Any help will be greatly appreciated.

Regards,

Hilarion

----------

## fedeliallalinea

You can post emerge --info and /var/log/Xorg.0.log with wgetpaste?

----------

## Hilarion

Here they are:

https://paste.pound-python.org/show/jbrOOZ91FqcnhLgO3rGn/

and

https://paste.pound-python.org/show/OU89uinSbAeZNWHO1WK3/

----------

## bytetrip

Is this a laptop keyboard or eg. a keyboard plugged into USB port?

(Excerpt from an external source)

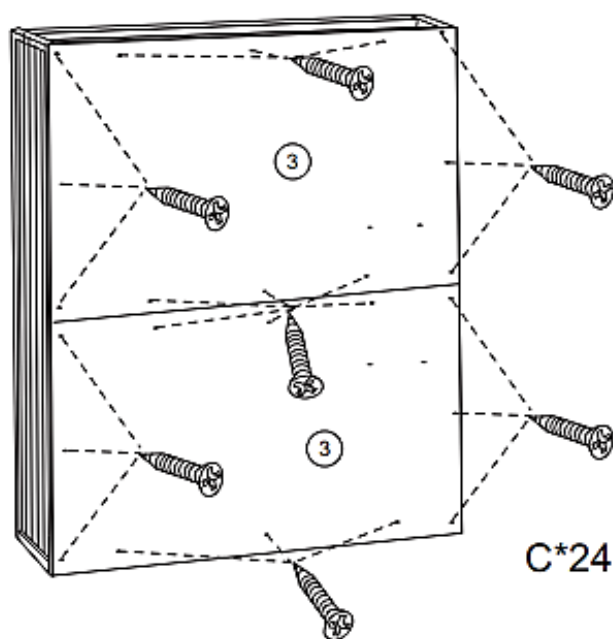

Passaggio 4

What window manager are you using? Does your mouse work? What exactly have you tried that is not working? Can you open programs and they do not recognize keyboard input, or are you trying to use the keyboard to open a launcher or menu that is not working?

----------

## Hilarion

I have a PC, so it is a regular USB keyboard, mouse does not work either. By 'does not work' I mean complete lack of response to any sort of interaction with it, so the only way to control it for now is over ssh(I have X starting automatically at startup). I currently use gnome as window manager and finally, I have tried several tweaks in kernel with USB drivers, such as adding different options to the modules apart from XHCI(which is included in the kernel) and some things around INPUT_DEVICES in make.conf.

----------

## Jaglover

Did it ever work? Did some upgrade or change you made cause the keyboard to stop working? You said you recompiled the kernel, but you are running a kernel from June 8th, maybe you didn't install your new kernel?

----------

## Hilarion

The system has been on the PC for only about a week or so so there were no real upgrades. Also, the kernel was recompiled multiple times in the past week(via make && make modules_install && make install). And as long as I remember correctly, input did not work in the window manager at all.

----------

## Hilarion

Also, as an addition, I use lightdm as display manager and I did not download new kernel for every recompilation, so that may be the cause for the old date.

----------

## Jaglover

No, the kernel you are running was built on June 8th. Unless your clock was wrong at the build time this means you are running 12 days old kernel.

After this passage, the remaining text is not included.